August Broil an seine Frau Marga, 8. Juni 1944
Im Westen
Am Fronleichnamsfeste
Meine liebe Marga,
heute beim Erwachen des Tages haben wir unsere Fahrzeuge mit Laub, das wir frisch von den Bäumen des Waldes geschlagen hatten, getarnt. Ich mußte bei dieser Arbeit an den heutigen Festtag denken. Vor Jahren haben wir am Vorabend dieses schönen Festes in den Gärten und Anlagen der Umgebung Kölns das Laub gepflückt und viele blühende Blumen dazu und haben Laub und Blumen auf die Straßen zerstreut, über die dann später der Triumphzug des Herrn ging. Ein schöner, guter und freudiger Brauch war das. Und ein tiefer Sinn lag dahinter. Nun ist uns all dies liebgewordene der Heimat ganz fern und unwirklich geworden. Wie mit den meisten Dingen religiöser Betätigung geht es auch diesem so: Nur die Gedanken und die Erinnerung, vor allem aber die im Geiste vollzogene Mitfeier können wir noch das Fest feiern, vielleicht sogar für den Einzelnen und für die Seele ergreifender und fruchtbarer als früher, weil jegliche Äußerlichkeit weggefallen ist. Aber wir wollen uns auch da nicht allzu viel versprechen; denn es kostet doch unter den gegebenen Verhältnissen unsäglich viel Mühe, dem Innern nun das Zugute zu geben, was es an sich braucht. Die natürlichen Gegebenheiten sind allzu mächtig geworden und das Wohl und Wehe des Leibes beansprucht seine Rechte mit unwiderstehlicher Gewalt. Müdigkeit und Schlaf, Ängstlichkeit und Unruhe, fortdauernde Gesellschaft unter guten und schlechten Kameraden, wenige Möglichkeiten zu eigen bestimmtem Tun, das alles nimmt einen mit unwiderstehlicher Gewalt gefangen. Bernhard Köttgen schrieb mir letztens darüber einen feinen Satz. Er sagt, daß es garnicht darauf ankomme, ob man die Feste und Zeiten der heimatlichen Welt gebührend feiern könne, sondern daß hier der Maßstab des Menschen selbst die große Aufgabe sei. Der Einzelne habe genug zu tun, wenn er unter den obwaltenden Verhältnissen
sein eigenes Ich dem Schöpfer rein und ordentlich erhalten könne. Und darin hat der junge Kerl durchaus Recht. Er scheint die Möglichkeiten des außen und innen schon heftig in sich gegeneinander erprobt zu haben.

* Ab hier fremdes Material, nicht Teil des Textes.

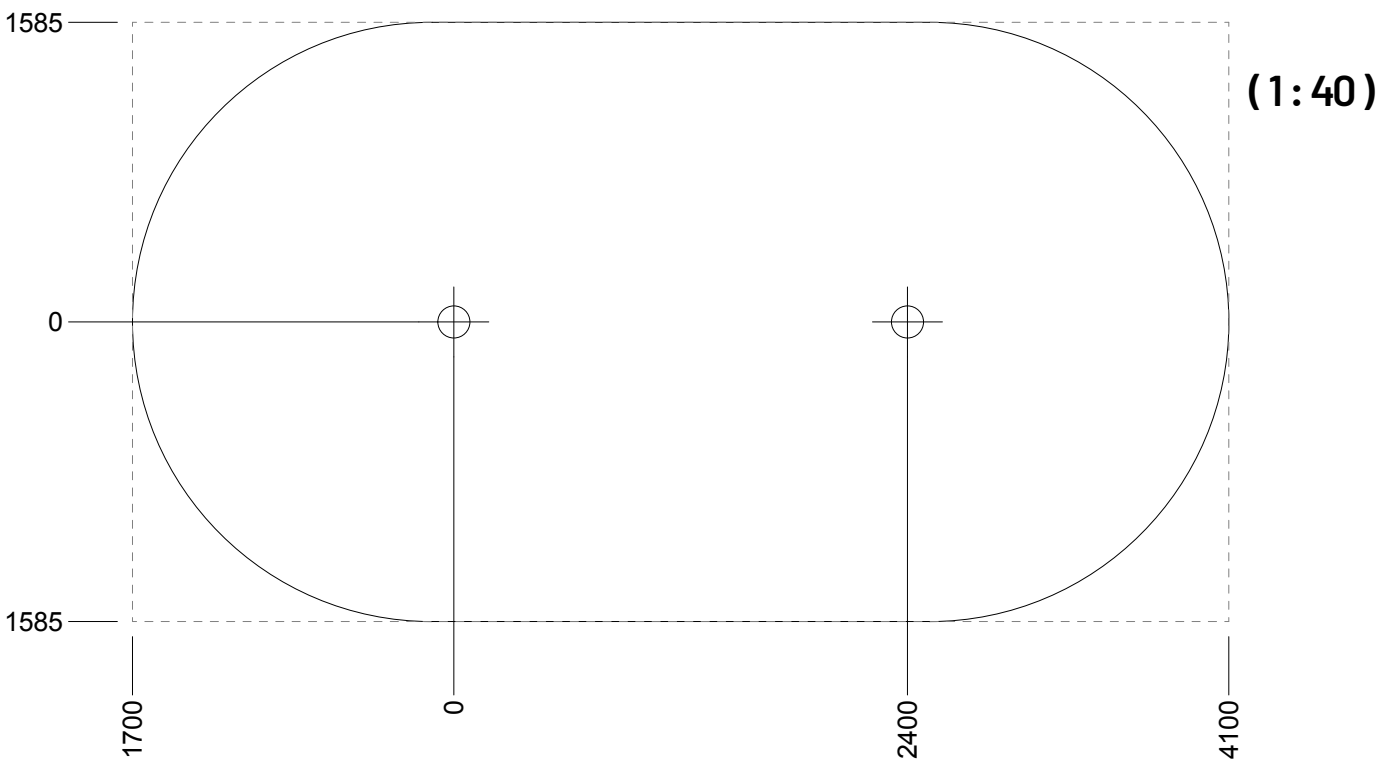

LE20532

1/5

2,5h

x2

16,2 m²

5,8 x 3,2 x 0,6 m

~105 kg

~0,07 m³

Ø16-18x280 cm

65 kg

Parts List

QTY	PART NO	DESCRIP.
1	RS00381	Ø160-180x2800mm
2	RS00382	Ø160-180x1000mm

Parts List		
QTY	PART NO	DESCRIP.
1	LE12110	Spanner
2	LE15254	M16x250mm
2	LE15901	3x16, PH
1	LE15910	Name tag
2	LE16100	M16 nut
4	LE16152	M16 - Ø30 mm
2	LE16556	Ø42/38mm
2	LE16558	Ø48/44,5mm

Liebste, gestern und vorgestern zog die unendlich lange Schlange der Fahrzeuge über die guten Straßen Nordfrankreichs. Unsere Wartezeit ist beendet. Der Einfall des Feindes in die Normandie hat der Ruhe ein Ende bereitet. Nun wird das Leben unstet werden und auch vorerst bleiben, unsere Behausung wird vorerst der Kraftwagen sein. Gott sei Dank, daß wir ihn haben, und uns darin einigermaßen einrichten können, wenn auch recht beengt zwischen Kisten und Gepäck. Die Fahrt durch Nordfrankreich war ein großes Erlebnis für mich. Wie hat es mich gefreut, daß ich all diese schönen Landschaftsbilder in mich aufnehmen durfte. Gestern war teilweise schöner Sonnenschein und da ich den ganzen Nachmittag im Krad mitfuhr, konnte ich die Landschaft besonders frei und ungestört betrachten. Nun stehen unsere Fahrzeuge in einem alten, hohen Eichenwald, dicht getarnt gegen den Feind aus der Luft. Aber der Himmel ist grau verhangen und ein guter, warmer Regen rauscht hernieder. Da ist es oben ganz still und ich kann die Vöglein um so besser singen hören wie sie ihr lustiges Lied trällern und pfeifen.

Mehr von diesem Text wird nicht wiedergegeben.